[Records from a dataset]
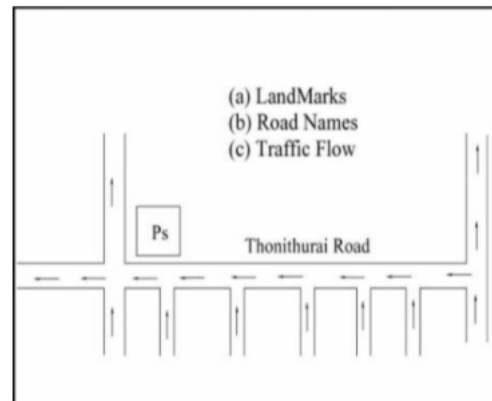

Google Map View

Polling Station Building Front View

Polling Station Front View

Cad View

Key MAP View

1 பெயர் : பலராமன் தந்தை பெயர்: ராஜேந்திரன் வீட்டு எண் : 1 வயது : 41 பாலினம் : ஆண்	XFZ0750323 Photo is available	2 பெயர் : சகிலா கணவர் பெயர்: ராமு வீட்டு எண் : 1 வயது : 35 பாலினம் : பெண்	XFZ0783100 Photo is available	3 பெயர் : நித்தியா கணவர் பெயர்: சிலம்பரன் வீட்டு எண் : 1 வயது : 34 பாலினம் : பெண்	XFZ0783001 Photo is available
4 பெயர் : மாலதி கணவர் பெயர்: செஞ்சிவேல் வீட்டு எண் : 1 வயது : 31 பாலினம் : பெண்	XFZ0783027 Photo is available	5 பெயர் : ரேணுகா கணவர் பெயர்: ரஞ்ஜன் வீட்டு எண் : 1 வயது : 29 பாலினம் : பெண்	XFZ0782979 Photo is available	6 பெயர் : சுவேதா கணவர் பெயர்: ஸ்ரீபன்ராஜ் வீட்டு எண் : 1 வயது : 27 பாலினம் : பெண்	XFZ0925206 Photo is available
7 பெயர் : கிருபாகரன் . ஷா தந்தை பெயர்: ஸாமிநாதந. ஏம் வீட்டு எண் : 1 வயது : 24 பாலினம் : ஆண்	XFZ1496363 Photo is available	8 பெயர் : சுதன் தந்தை பெயர்: வடிவேல் வீட்டு எண் : 1 வயது : 23 பாலினம் : ஆண்	XFZ1536531 Photo is available	9 பெயர் : சுகன்யா கணவர் பெயர்: விஜயவேல் வீட்டு எண் : 2-27 வயது : 31 பாலினம் : பெண்	XFZ0661678 Photo is available
10 பெயர் : வினிதா கணவர் பெயர்: செந்தில்குமார் வீட்டு எண் : 2/121 வயது : 31 பாலினம் : பெண்	XFZ1620715 Photo is available	11 பெயர் : கண்ணன் தந்தை பெயர்: ஆறுமுகம் வீட்டு எண் : 2-355 வயது : 49 பாலினம் : ஆண்	XFZ0578682 Photo is available	12 பெயர் : தூர்கா தேவி கணவர் பெயர்: விஜய் காமராஜ் வீட்டு எண் : 3 வயது : 29 பாலினம் : பெண்	XFZ0874024 Photo is available
13 பெயர் : காளியம்மாள் கணவர் பெயர்: பிரகாஷ் வீட்டு எண் : 3-20 வயது : 40 பாலினம் : பெண்	XFZ0579060 Photo is available	#2 14 பெயர் : சத்யன் ச தந்தை பெயர்: சங்கர் தை வீட்டு எண் : 3/131 வயது : 31 பாலினம் : ஆண்	XFZ0578740 Photo is available	15 பெயர் : விஜயலட்சுமி கணவர் பெயர்: செல்வமணி வீட்டு எண் : 3-241 வயது : 39 பாலினம் : பெண்	XFZ0578286 Photo is available
16 பெயர் : எழிலரசி கணவர் பெயர்: தமிழ்செல்வன் வீட்டு எண் : 4 வயது : 30 பாலினம் : பெண்	XFZ1014711 Photo is available	17 பெயர் : ஆறுமுகம் தந்தை பெயர்: கதிரசேன் வீட்டு எண் : 4-29 வயது : 54 பாலினம் : ஆண்	XFZ0661645 Photo is available	18 பெயர் : சிவராஜ் தாயின் பெயர்: அஞ்சலாட்சி வீட்டு எண் : 4-410a வயது : 31 பாலினம் : ஆண்	XFZ0579482 Photo is available
19 பெயர் : ஆகாஷ் தந்தை பெயர்: சக்திவேல் வீட்டு எண் : 5 வயது : 21 பாலினம் : ஆண்	XFZ1656735 Photo is available	20 பெயர் : ஜெய்ஷினி தந்தை பெயர்: ஜவஹர் வீட்டு எண் : 5 வயது : 20 பாலினம் : பெண்	XFZ1710128 Photo is available	21 பெயர் : ரா.நித்தீஸ் தந்தை பெயர்: ராஜா வீட்டு எண் : 5/4 வயது : 24 பாலினம் : ஆண்	XFZ1457282 Photo is available
22 பெயர் : ஏலாச்சி கணவர் பெயர்: ஏகானந்தம் வீட்டு எண் : 5-38 வயது : 66 பாலினம் : பெண்	XFZ0831420 Photo is available	23 பெயர் : சிவமுருகன் தந்தை பெயர்: ஆறுமுகம் வீட்டு எண் : 6 வயது : 38 பாலினம் : ஆண்	XFZ0578781 Photo is available	24 பெயர் : இளவரசி தந்தை பெயர்: பிச்சாவரம் வீட்டு எண் : 6 வயது : 31 பாலினம் : பெண்	XFZ0701284 Photo is available
25 பெயர் : சி.ஆகாஷ் தாயின் பெயர்: செல்வி வீட்டு எண் : 0/6 வயது : 24 பாலினம் : ஆண்	XFZ1449859 Photo is available	26 பெயர் : குணப்பரியா தந்தை பெயர்: கலைச்செல்வன் வீட்டு எண் : 0/7 வயது : 22 பாலினம் : பெண்	XFZ1599711 Photo is available	27 பெயர் : இந்துமதி கணவர் பெயர்: சிங்காரவேல் வீட்டு எண் : 8 வயது : 34 பாலினம் : பெண்	XFZ0579052 Photo is available
28 பெயர் : சிராஜ் தந்தை பெயர்: சங்கர் வீட்டு எண் : 8 வயது : 28 பாலினம் : ஆண்	XFZ0831719 Photo is available	29 பெயர் : சஞ்சய் தந்தை பெயர்: குபேந்த்ரந் வீட்டு எண் : 8 வயது : 24 பாலினம் : ஆண்	XFZ1480144 Photo is available	30 பெயர் : பவித்ரா தாயின் பெயர்: வேதவள்ளி வீட்டு எண் : 9 வயது : 28 பாலினம் : பெண்	XFZ0988220 Photo is available
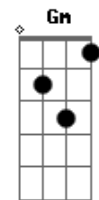

Maná - Sor Maria

Tom: F
Intro: Dm C Bb
Gm A Dm

Dm C Bb
Detrás del muro en el convento
Gm A Dm
hay un sueño en la piel
Dm C Bb
Sor María se disfraza como el viento
Gm A Dm
sueña y vuela, va con él.

Dm C Bb
Sor María encerrada,
Gm A Dm
le prohibieron libertad,
Dm C Bb
las hermanas le advirtieron con espanto
Gm A Dm
es pecado enamorarse, es virtud la castidad.

Bb C F Dm
Una mujer enamorada, decidida,
Bb C F Dm
pasma el aire, el universo y la razón.
Bb C F A
Si la luz entra en el agua, olvida el cielo
Bb C Dm
va con el sueño en la piel.

Dm Gm C F
D Gm A A

Bb Dm
Ven huir al padre Aurelio, Sor María fatal
C F
los sorprendieron en pecado capital
Bb Gm
los fusilaron a los dos,

A
mano con mano hasta el final, como los arboles que mueren de pie.

Bb C F Dm
y se soñaba con la luz de la mañana y la bandera
Bb C F Dm
que le besa el vientre y los labios y los pies
Bb C F A
se sonroja y se le encienden las mejillas.

Bb C Dm C F
Se murió con un sueño en la piel
C Dm C F
con un sueño en la piel,
C Dm C F Bb
con un sueño en la piel.

F Bb
F A#

Acordes

© ukulele-chords.com

© ukulele-chords.com

© ukulele-chords.com

© ukulele-chords.com

Task prompt:
Above are the records; copy every one of them exactly and omit the images.

Answer box:
Google Map View

Polling Station Building Front View

Polling Station Front View

Cad View

Key MAP View

1 பெயர் : பலராமன் தந்தை பெயர்: ராஜேந்திரன் வீட்டு எண் : 1 வயது : 41 பாலினம் : ஆண்	XFZ0750323 Photo is available	2 பெயர் : சகிலா கணவர் பெயர்: ராமு வீட்டு எண் : 1 வயது : 35 பாலினம் : பெண்	XFZ0783100 Photo is available	3 பெயர் : நித்தியா கணவர் பெயர்: சிலம்பரன் வீட்டு எண் : 1 வயது : 34 பாலினம் : பெண்	XFZ0783001 Photo is available
4 பெயர் : மாலதி கணவர் பெயர்: செஞ்சிவேல் வீட்டு எண் : 1 வயது : 31 பாலினம் : பெண்	XFZ0783027 Photo is available	5 பெயர் : ரேணுகா கணவர் பெயர்: ரஞ்ஜன் வீட்டு எண் : 1 வயது : 29 பாலினம் : பெண்	XFZ0782979 Photo is available	6 பெயர் : சுவேதா கணவர் பெயர்: ஸ்ரீபன்ராஜ் வீட்டு எண் : 1 வயது : 27 பாலினம் : பெண்	XFZ0925206 Photo is available
7 பெயர் : கிருபாகரன் . ஷா தந்தை பெயர்: ஸாமிநாதந. ஏம் வீட்டு எண் : 1 வயது : 24 பாலினம் : ஆண்	XFZ1496363 Photo is available	8 பெயர் : சுதன் தந்தை பெயர்: வடிவேல் வீட்டு எண் : 1 வயது : 23 பாலினம் : ஆண்	XFZ1536531 Photo is available	9 பெயர் : சுகன்யா கணவர் பெயர்: விஜயவேல் வீட்டு எண் : 2-27 வயது : 31 பாலினம் : பெண்	XFZ0661678 Photo is available
10 பெயர் : வினிதா கணவர் பெயர்: செந்தில்குமார் வீட்டு எண் : 2/121 வயது : 31 பாலினம் : பெண்	XFZ1620715 Photo is available	11 பெயர் : கண்ணன் தந்தை பெயர்: ஆறுமுகம் வீட்டு எண் : 2-355 வயது : 49 பாலினம் : ஆண்	XFZ0578682 Photo is available	12 பெயர் : தூர்கா தேவி கணவர் பெயர்: விஜய் காமராஜ் வீட்டு எண் : 3 வயது : 29 பாலினம் : பெண்	XFZ0874024 Photo is available
13 பெயர் : காளியம்மாள் கணவர் பெயர்: பிரகாஷ் வீட்டு எண் : 3-20 வயது : 40 பாலினம் : பெண்	XFZ0579060 Photo is available	#2 14 பெயர் : சத்யன் ச தந்தை பெயர்: சங்கர் தை வீட்டு எண் : 3/131 வயது : 31 பாலினம் : ஆண்	XFZ0578740 Photo is available	15 பெயர் : விஜயலட்சுமி கணவர் பெயர்: செல்வமணி வீட்டு எண் : 3-241 வயது : 39 பாலினம் : பெண்	XFZ0578286 Photo is available
16 பெயர் : எழிலரசி கணவர் பெயர்: தமிழ்செல்வன் வீட்டு எண் : 4 வயது : 30 பாலினம் : பெண்	XFZ1014711 Photo is available	17 பெயர் : ஆறுமுகம் தந்தை பெயர்: கதிரசேன் வீட்டு எண் : 4-29 வயது : 54 பாலினம் : ஆண்	XFZ0661645 Photo is available	18 பெயர் : சிவராஜ் தாயின் பெயர்: அஞ்சலாட்சி வீட்டு எண் : 4-410a வயது : 31 பாலினம் : ஆண்	XFZ0579482 Photo is available
19 பெயர் : ஆகாஷ் தந்தை பெயர்: சக்திவேல் வீட்டு எண் : 5 வயது : 21 பாலினம் : ஆண்	XFZ1656735 Photo is available	20 பெயர் : ஜெய்ஷினி தந்தை பெயர்: ஜவஹர் வீட்டு எண் : 5 வயது : 20 பாலினம் : பெண்	XFZ1710128 Photo is available	21 பெயர் : ரா.நித்தீஸ் தந்தை பெயர்: ராஜா வீட்டு எண் : 5/4 வயது : 24 பாலினம் : ஆண்	XFZ1457282 Photo is available
22 பெயர் : ஏலாச்சி கணவர் பெயர்: ஏகானந்தம் வீட்டு எண் : 5-38 வயது : 66 பாலினம் : பெண்	XFZ0831420 Photo is available	23 பெயர் : சிவமுருகன் தந்தை பெயர்: ஆறுமுகம் வீட்டு எண் : 6 வயது : 38 பாலினம் : ஆண்	XFZ0578781 Photo is available	24 பெயர் : இளவரசி தந்தை பெயர்: பிச்சாவரம் வீட்டு எண் : 6 வயது : 31 பாலினம் : பெண்	XFZ0701284 Photo is available
25 பெயர் : சி.ஆகாஷ் தாயின் பெயர்: செல்வி வீட்டு எண் : 0/6 வயது : 24 பாலினம் : ஆண்	XFZ1449859 Photo is available	26 பெயர் : குணப்பரியா தந்தை பெயர்: கலைச்செல்வன் வீட்டு எண் : 0/7 வயது : 22 பாலினம் : பெண்	XFZ1599711 Photo is available	27 பெயர் : இந்துமதி கணவர் பெயர்: சிங்காரவேல் வீட்டு எண் : 8 வயது : 34 பாலினம் : பெண்	XFZ0579052 Photo is available
28 பெயர் : சிராஜ் தந்தை பெயர்: சங்கர் வீட்டு எண் : 8 வயது : 28 பாலினம் : ஆண்	XFZ0831719 Photo is available	29 பெயர் : சஞ்சய் தந்தை பெயர்: குபேந்த்ரந் வீட்டு எண் : 8 வயது : 24 பாலினம் : ஆண்	XFZ1480144 Photo is available	30 பெயர் : பவித்ரா தாயின் பெயர்: வேதவள்ளி வீட்டு எண் : 9 வயது : 28 பாலினம் : பெண்	XFZ0988220 Photo is available

Maná - Sor Maria

Tom: F
Intro: Dm C Bb
Gm A Dm

Dm C Bb
Detrás del muro en el convento
Gm A Dm
hay un sueño en la piel
Dm C Bb
Sor María se disfraza como el viento
Gm A Dm
sueña y vuela, va con él.

Dm C Bb
Sor María encerrada,
Gm A Dm
le prohibieron libertad,
Dm C Bb
las hermanas le advirtieron con espanto
Gm A Dm
es pecado enamorarse, es virtud la castidad.

Bb C F Dm
Una mujer enamorada, decidida,
Bb C F Dm
pasma el aire, el universo y la razón.
Bb C F A
Si la luz entra en el agua, olvida el cielo
Bb C Dm
va con el sueño en la piel.

Dm Gm C F
D Gm A A

Bb Dm
Ven huir al padre Aurelio, Sor María fatal
C F
los sorprendieron en pecado capital
Bb Gm
los fusilaron a los dos,

A
mano con mano hasta el final, como los arboles que mueren de pie.

Bb C F Dm
y se soñaba con la luz de la mañana y la bandera
Bb C F Dm
que le besa el vientre y los labios y los pies
Bb C F A
se sonroja y se le encienden las mejillas.

Bb C Dm C F
Se murió con un sueño en la piel
C Dm C F
con un sueño en la piel,
C Dm C F Bb
con un sueño en la piel.

F Bb
F A#

Acordes

© ukulele-chords.com

© ukulele-chords.com

© ukulele-chords.com

© ukulele-chords.com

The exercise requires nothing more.